# [DATA EXTRACTS]
------------------------------
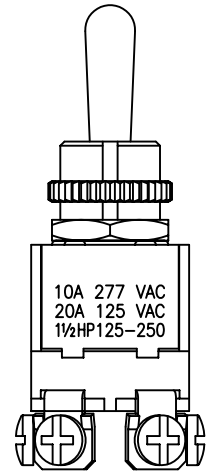

Rating	10A 277VAC, 20A 125VAC 1½HP 125-250VAC		
Contact R	50m ohm Max.		
Insulation R	DC 500V 100M ohm Min.		
Dielectric Strength	AC 1500V 1 minute		
Circuit	4P DPST (ON)-OFF		
Operation Force	1200g±400g		

- 1 HEX NUT ASSY
- 1 KNURL NUT ASSY

Unit	mm (inch)	DEL CITY P/N	7300020	REV.	1	
-------------	-----------	---------------------	---------	-------------	---	--
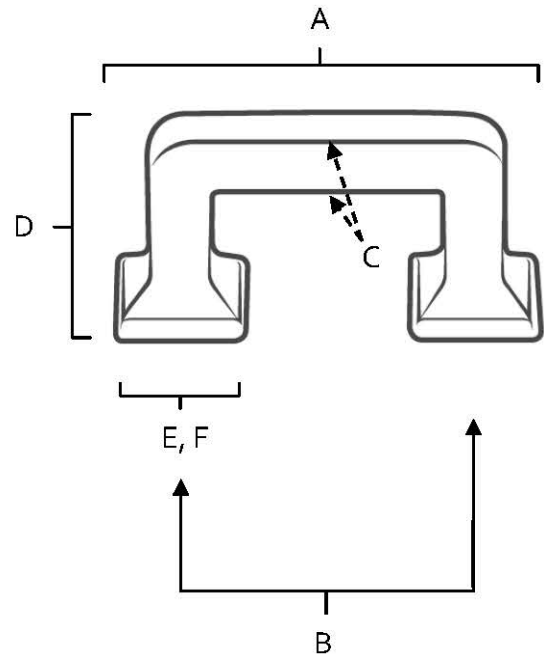

SPECIFICATIONS

**MILLENNIUM
PULL**

FEATURES

Modern styling
Multiple finishes
Concealed installation

WARRANTY

Limited lifetime

FINISHES

Polished Chrome (PC)
Bronze (BRZ)
Polished Nickel (PN)
Satin Nickel (SN)

MATERIAL

Brass

Item#	A	B	C	D	E (L)	F (W)
A950	2 1/8"	1 1/2"	1/4"	1 1/8"	5/8"	5/8"

KEY:

- A - Overall Length
- B - Center to Center
- C - Handle Width
- D - Projection
- E - Mount Length
- F - Mount Width

NOTE: Dimensions and specifications are subject to change without notice.
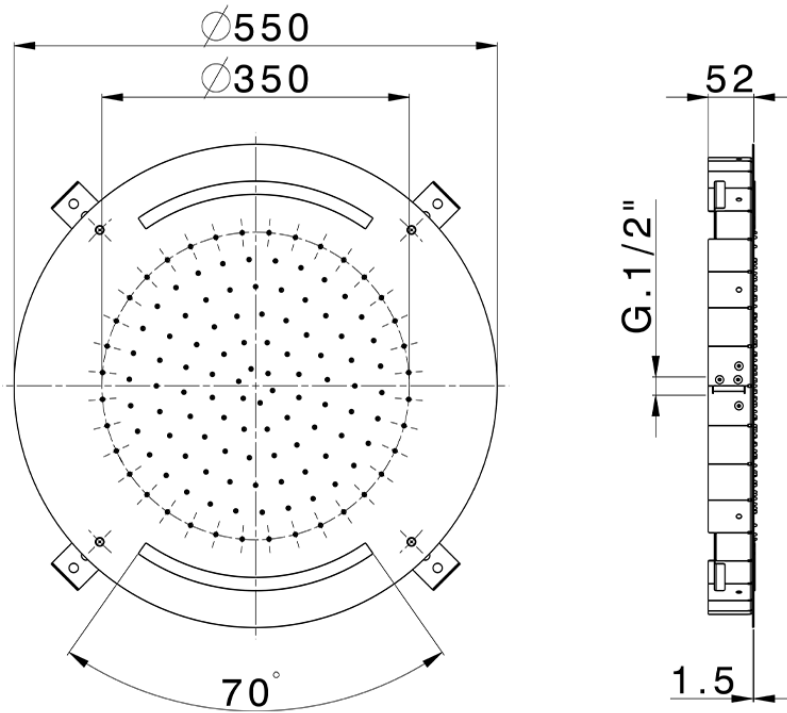

Soffione a soffitto con cromoterapia Ø 550 mm ZEN_ZS1C0030

ZS1C0030

<https://huberitalia.com/soffione-a-soffitto-con-cromoterapia-o-550-mm-zen-zs1c0030>

2024-11-21
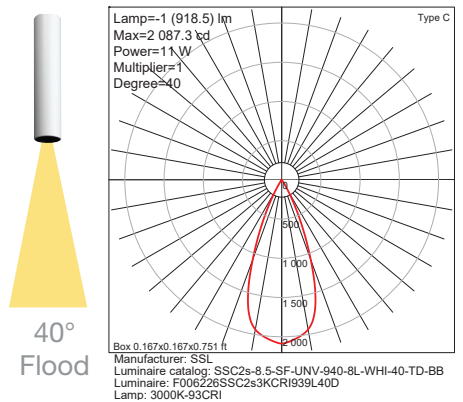

Available in Frosted, Red, Blue, Amber (Below Left to Right), and Clear (Top of Page)

PHOTOMETRICS

SSC1.5s

SSC2s

SSC1.5s

IES Multiplier	
Color	Multiplier
927	0.94
930	1.00
935	1.05
940	1.09

SSC2s

IES Multiplier	
Color	Multiplier
927	0.96
930	1.00
935	1.01
940	1.02
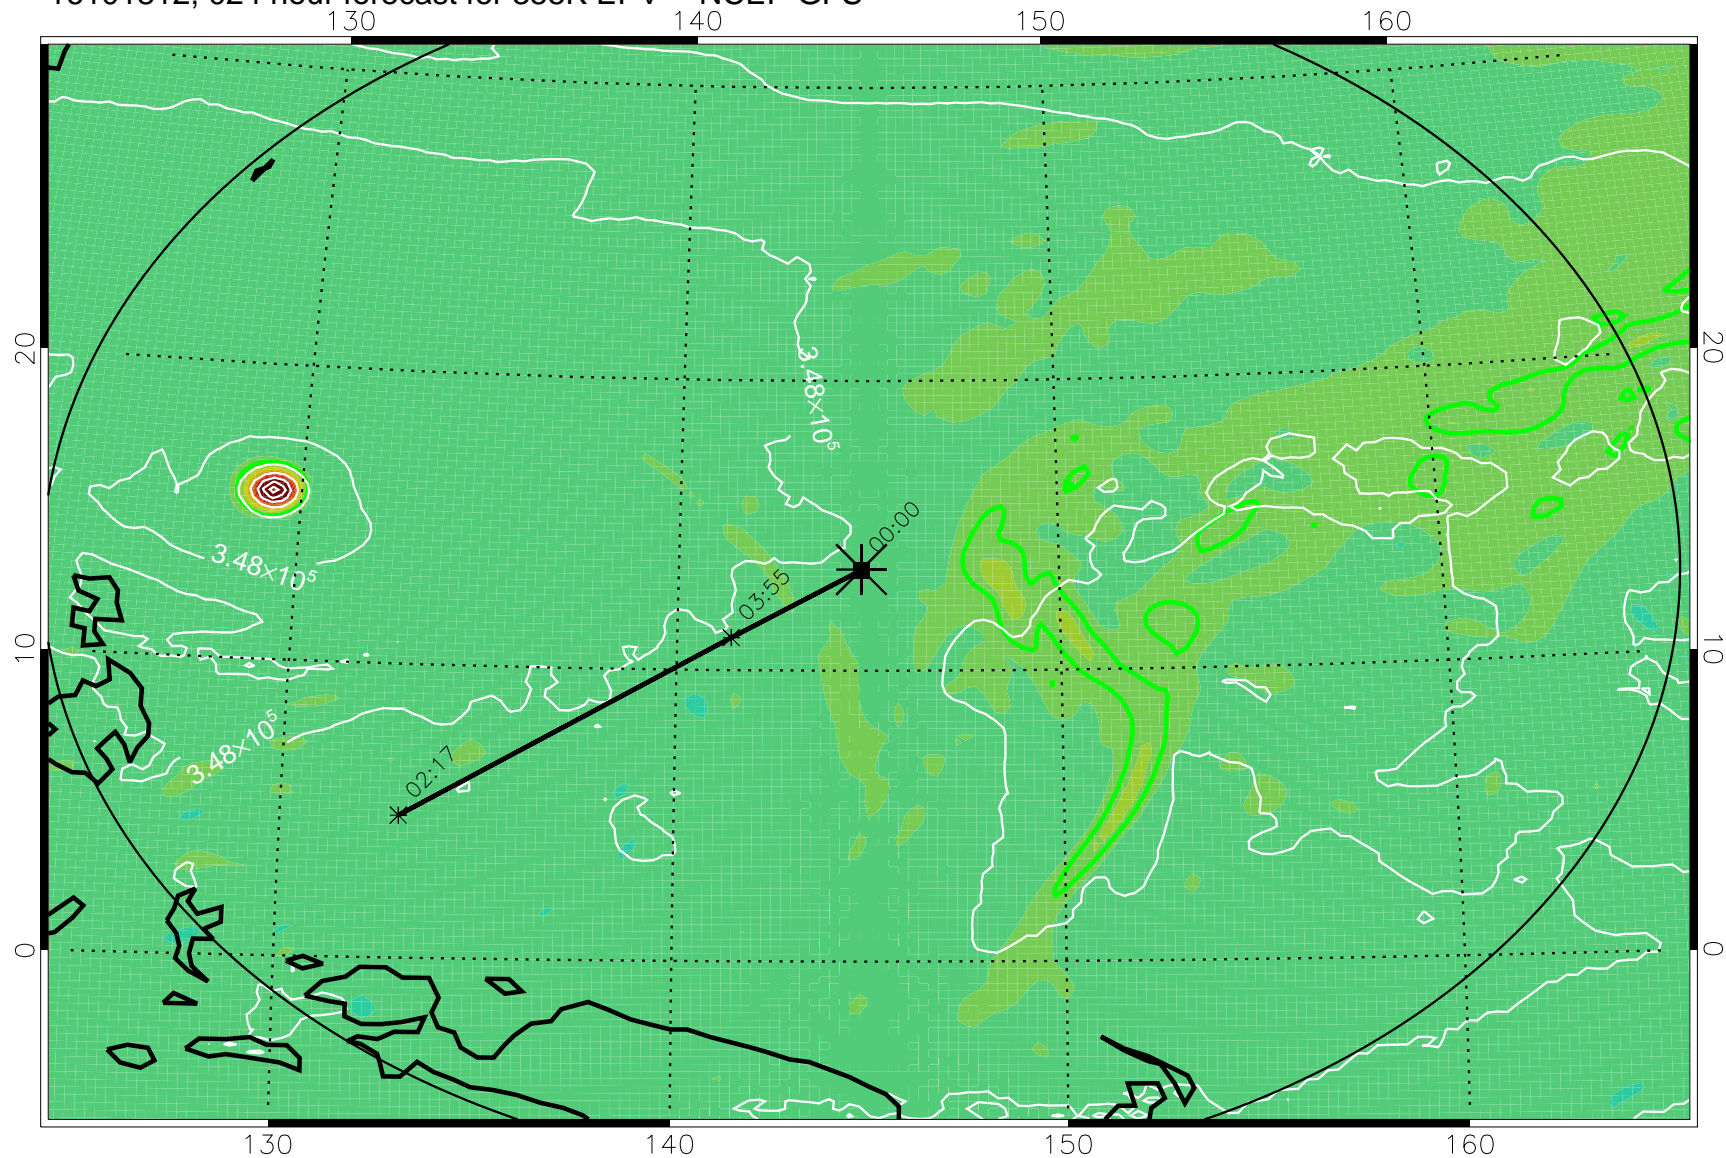

16101718, 006 hour forecast for 355K EPV -- NCEP GFS

355K Montgomery Streamfunction, white  
EPV Tropopause (2 PVU) Position  
Range ring of 2304 km

16101800, 012 hour forecast for 355K EPV -- NCEP GFS

355K Montgomery Streamfunction, white  
EPV Tropopause (2 PVU) Position  
Range ring of 2304 km

16101806, 018 hour forecast for 355K EPV -- NCEP GFS

355K Montgomery Streamfunction, white  
EPV Tropopause (2 PVU) Position  
Range ring of 2304 km

16101812, 024 hour forecast for 355K EPV -- NCEP GFS

355K Montgomery Streamfunction, white  
EPV Tropopause (2 PVU) Position  
Range ring of 2304 km

16101818, 030 hour forecast for 355K EPV -- NCEP GFS

355K Montgomery Streamfunction, white  
EPV Tropopause (2 PVU) Position  
Range ring of 2304 km

16101900, 036 hour forecast for 355K EPV -- NCEP GFS

355K Montgomery Streamfunction, white  
EPV Tropopause (2 PVU) Position  
Range ring of 2304 km

16101906, 042 hour forecast for 355K EPV -- NCEP GFS

355K Montgomery Streamfunction, white  
EPV Tropopause (2 PVU) Position  
Range ring of 2304 km

16101912, 048 hour forecast for 355K EPV -- NCEP GFS

355K Montgomery Streamfunction, white  
EPV Tropopause (2 PVU) Position  
Range ring of 2304 km
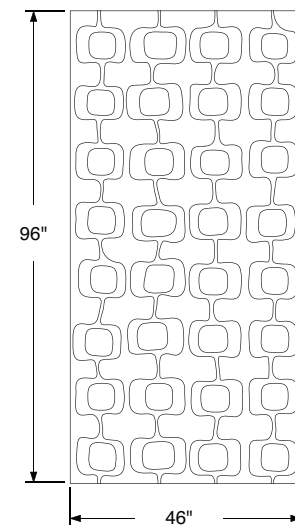

# BROADCAST

This pattern takes its cue from the great age of television, and evokes the unforgettable stars of broadcast journalism.

Broadcast Panel  
46" w x 96" h x 3/4"

Grid of hardware placement  
for the Puck System.
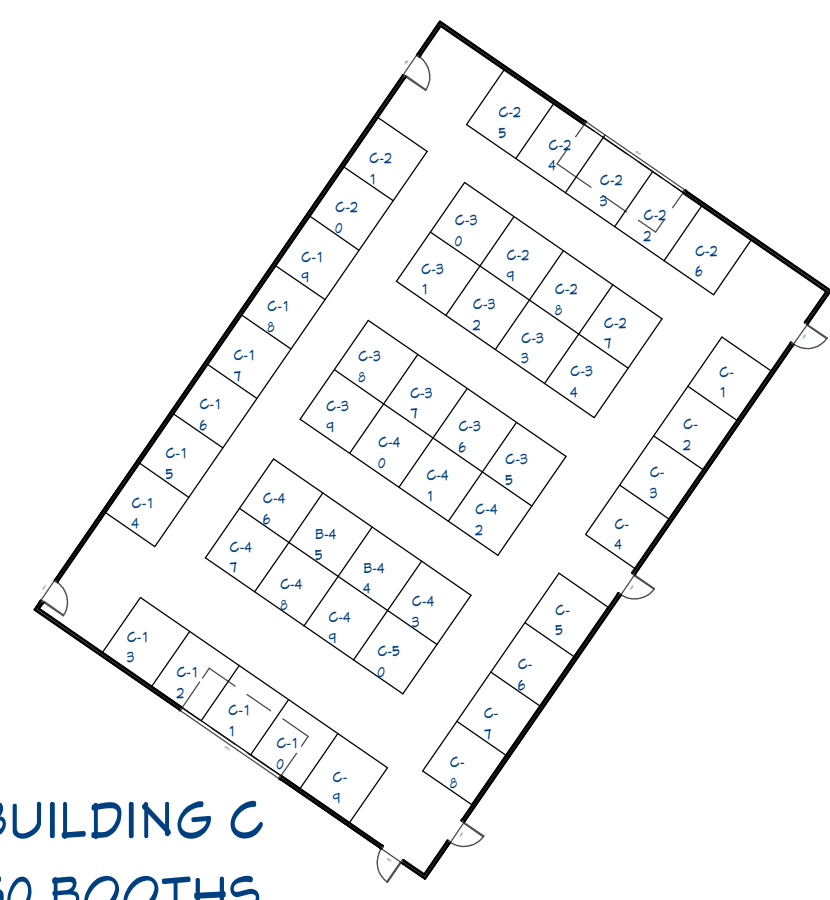

VENDOR  
PARKING

BUILDING B  
41 - BOOTHS

BUILDING C  
50 BOOTHS

OUTDOOR  
VENDORS

BUILDING A  
41 BOOTHS

OUTDOOR  
VENDORS

TOTAL INDOOR  
BOOTHS = 132

SITE LAYOUT

CBBTA  
SOUTH WEST IOWA HOME SHOW  
WESTFAIR AMPHITHEATER  
22984 US-6, COUNCIL BLUFFS, IA 51503

41 - BOOTHS

BUILDING A

CBBTA  
SOUTH WEST IOWA HOME SHOW  
WESTFAIR AMPHITHEATER  
22984 US-6, COUNCIL BLUFFS, IA 51503
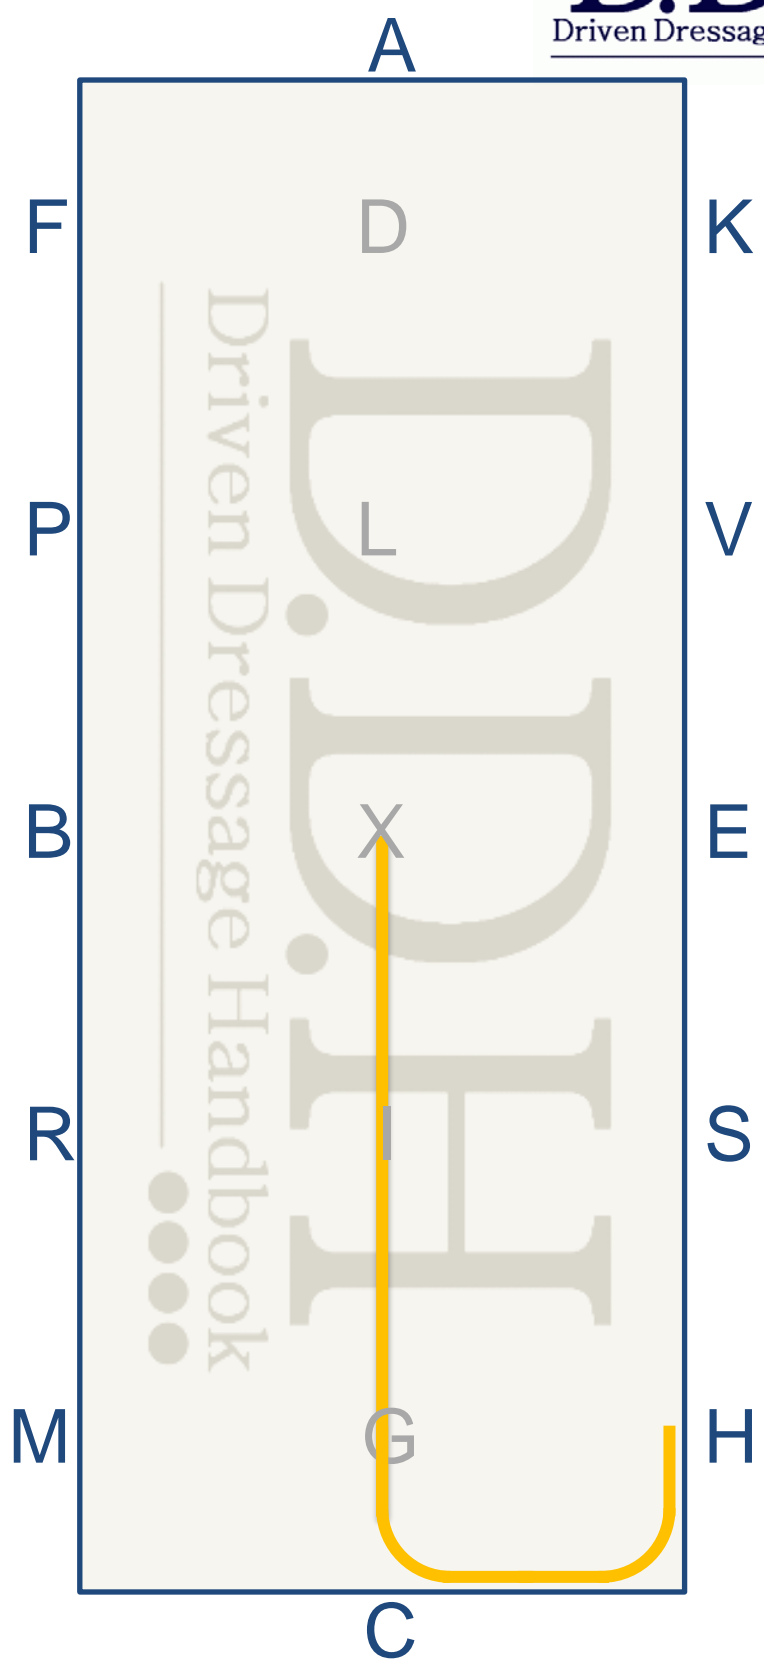

January 2015

A-X Enter at Working Trot

X Halt Salute

1

FEI Driven Dressage - Test 3\* B Horse & Pony Single Test 3\*B HP1

**E-X** Collected Trot  
Half circle left  
reins in one hand  
*(clearly visible one hand)*

**X-B** Followed by  
Half circle right  
reins in one hand

**B-F** Extended Trot  
reins in one hand

**F-A-D** Working trot  
reins at will

1 HAND

AT WILL

# D-S Diagonal Yield in Working Trot

*Horse parallel to Center line, crossing legs diagonally, right hind direction left front together, with slight flexion to the inside (right)*

**K-A-D** Working Trot

**D-R** Diagonal Yield in Working Trot

*Horse parallel to Center line, crossing legs diagonally, left hind direction right front together, with slight flexion to the inside (left)*

**P-F** Collected Trot
------------------------------
# [WORK ORDER]
Only one part of the material above is wanted: the lines from the one with "1500V 1 minute" up to and including the one with "Polished Chrome (PC)". Please copy them exactly, pictures left out.

# [TASK RESPONSE]
Dielectric Strength	AC 1500V 1 minute		
Circuit	4P DPST (ON)-OFF		
Operation Force	1200g±400g		

- 1 HEX NUT ASSY
- 1 KNURL NUT ASSY

Unit	mm (inch)	DEL CITY P/N	7300020	REV.	1	
-------------	-----------	---------------------	---------	-------------	---	--

SPECIFICATIONS

**MILLENNIUM
PULL**

FEATURES

Modern styling
Multiple finishes
Concealed installation

WARRANTY

Limited lifetime

FINISHES

Polished Chrome (PC)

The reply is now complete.